■ WHAT IS REQUIRED ■
Return every entry below word for word and leave out any picture.

■ MATERIAL FOR THIS TASK ■
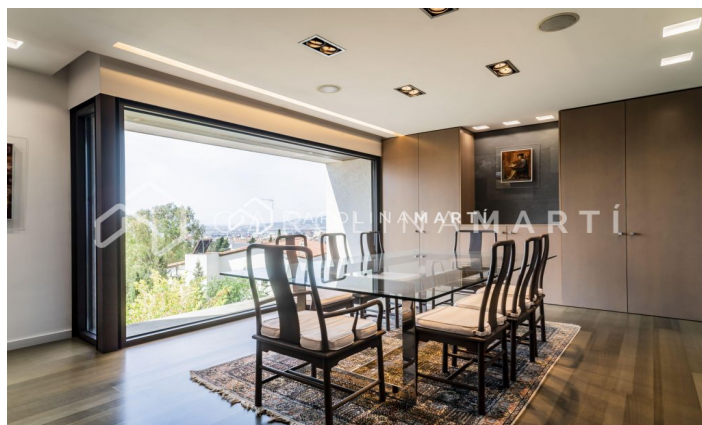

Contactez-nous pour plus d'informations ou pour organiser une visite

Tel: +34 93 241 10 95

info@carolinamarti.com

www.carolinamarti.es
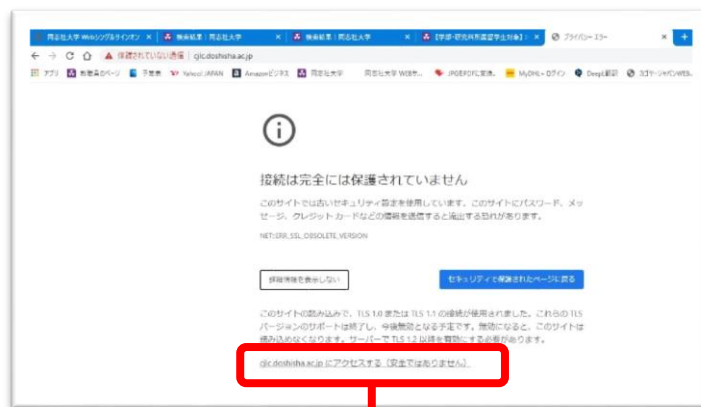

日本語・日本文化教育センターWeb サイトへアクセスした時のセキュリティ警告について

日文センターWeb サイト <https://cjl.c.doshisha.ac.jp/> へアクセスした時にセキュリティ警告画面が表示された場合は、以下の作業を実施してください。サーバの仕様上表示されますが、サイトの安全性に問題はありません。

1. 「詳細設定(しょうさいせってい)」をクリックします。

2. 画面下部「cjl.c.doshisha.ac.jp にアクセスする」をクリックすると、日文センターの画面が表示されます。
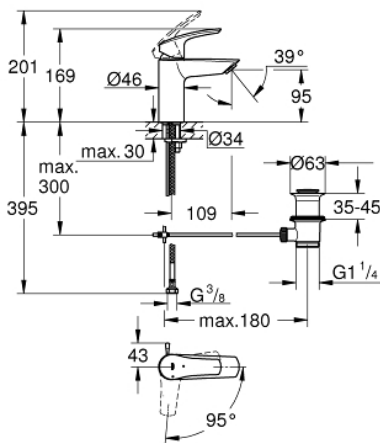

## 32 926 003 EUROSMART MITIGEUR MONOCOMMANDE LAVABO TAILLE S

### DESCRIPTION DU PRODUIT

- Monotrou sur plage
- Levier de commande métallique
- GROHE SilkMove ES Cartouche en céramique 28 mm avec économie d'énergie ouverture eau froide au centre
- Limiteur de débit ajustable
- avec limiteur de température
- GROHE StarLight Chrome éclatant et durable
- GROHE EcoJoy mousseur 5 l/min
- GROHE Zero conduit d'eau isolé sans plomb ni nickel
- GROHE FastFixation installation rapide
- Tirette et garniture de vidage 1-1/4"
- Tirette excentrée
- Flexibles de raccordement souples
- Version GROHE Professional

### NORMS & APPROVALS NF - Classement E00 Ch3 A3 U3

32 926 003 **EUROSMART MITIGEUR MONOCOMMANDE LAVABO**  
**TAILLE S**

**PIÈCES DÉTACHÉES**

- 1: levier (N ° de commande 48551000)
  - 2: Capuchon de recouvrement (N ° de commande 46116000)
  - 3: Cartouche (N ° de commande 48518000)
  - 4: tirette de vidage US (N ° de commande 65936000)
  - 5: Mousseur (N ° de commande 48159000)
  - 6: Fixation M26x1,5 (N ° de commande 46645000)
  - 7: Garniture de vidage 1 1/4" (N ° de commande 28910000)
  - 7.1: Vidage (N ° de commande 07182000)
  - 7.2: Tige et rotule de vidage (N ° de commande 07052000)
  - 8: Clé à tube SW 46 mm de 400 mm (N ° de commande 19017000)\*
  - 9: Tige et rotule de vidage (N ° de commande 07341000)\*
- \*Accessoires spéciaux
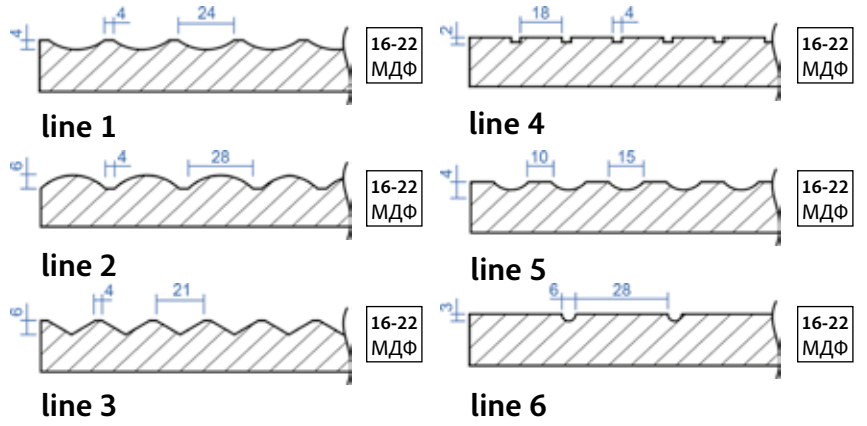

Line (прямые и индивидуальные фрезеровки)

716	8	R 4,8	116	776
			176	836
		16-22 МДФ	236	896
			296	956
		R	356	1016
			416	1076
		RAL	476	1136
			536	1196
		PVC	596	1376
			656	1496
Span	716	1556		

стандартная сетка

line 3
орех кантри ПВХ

■ RESPONSE BOX ■
Contactez-nous pour plus d'informations ou pour organiser une visite

Tel: +34 93 241 10 95

info@carolinamarti.com

www.carolinamarti.es

日本語・日本文化教育センターWeb サイトへアクセスした時のセキュリティ警告について

日文センターWeb サイト <https://cjl.c.doshisha.ac.jp/> へアクセスした時にセキュリティ警告画面が表示された場合は、以下の作業を実施してください。サーバの仕様上表示されますが、サイトの安全性に問題はありません。

1. 「詳細設定(しょうさいせってい)」をクリックします。

2. 画面下部「cjl.c.doshisha.ac.jp にアクセスする」をクリックすると、日文センターの画面が表示されます。

## 32 926 003 EUROSMART MITIGEUR MONOCOMMANDE LAVABO TAILLE S

### DESCRIPTION DU PRODUIT

- Monotrou sur plage
- Levier de commande métallique
- GROHE SilkMove ES Cartouche en céramique 28 mm avec économie d'énergie ouverture eau froide au centre
- Limiteur de débit ajustable
- avec limiteur de température
- GROHE StarLight Chrome éclatant et durable
- GROHE EcoJoy mousseur 5 l/min
- GROHE Zero conduit d'eau isolé sans plomb ni nickel
- GROHE FastFixation installation rapide
- Tirette et garniture de vidage 1-1/4"
- Tirette excentrée
- Flexibles de raccordement souples
- Version GROHE Professional

### NORMS & APPROVALS NF - Classement E00 Ch3 A3 U3

32 926 003 **EUROSMART MITIGEUR MONOCOMMANDE LAVABO**  
**TAILLE S**

**PIÈCES DÉTACHÉES**

- 1: levier (N ° de commande 48551000)
  - 2: Capuchon de recouvrement (N ° de commande 46116000)
  - 3: Cartouche (N ° de commande 48518000)
  - 4: tirette de vidage US (N ° de commande 65936000)
  - 5: Mousseur (N ° de commande 48159000)
  - 6: Fixation M26x1,5 (N ° de commande 46645000)
  - 7: Garniture de vidage 1 1/4" (N ° de commande 28910000)
  - 7.1: Vidage (N ° de commande 07182000)
  - 7.2: Tige et rotule de vidage (N ° de commande 07052000)
  - 8: Clé à tube SW 46 mm de 400 mm (N ° de commande 19017000)\*
  - 9: Tige et rotule de vidage (N ° de commande 07341000)\*
- \*Accessoires spéciaux

Line (прямые и индивидуальные фрезеровки)

716	8	R 4,8	116	776
			176	836
		16-22 МДФ	236	896
			296	956
		R	356	1016
			416	1076
		RAL	476	1136
			536	1196
		PVC	596	1376
			656	1496
Span	716	1556		

стандартная сетка

line 3
орех кантри ПВХ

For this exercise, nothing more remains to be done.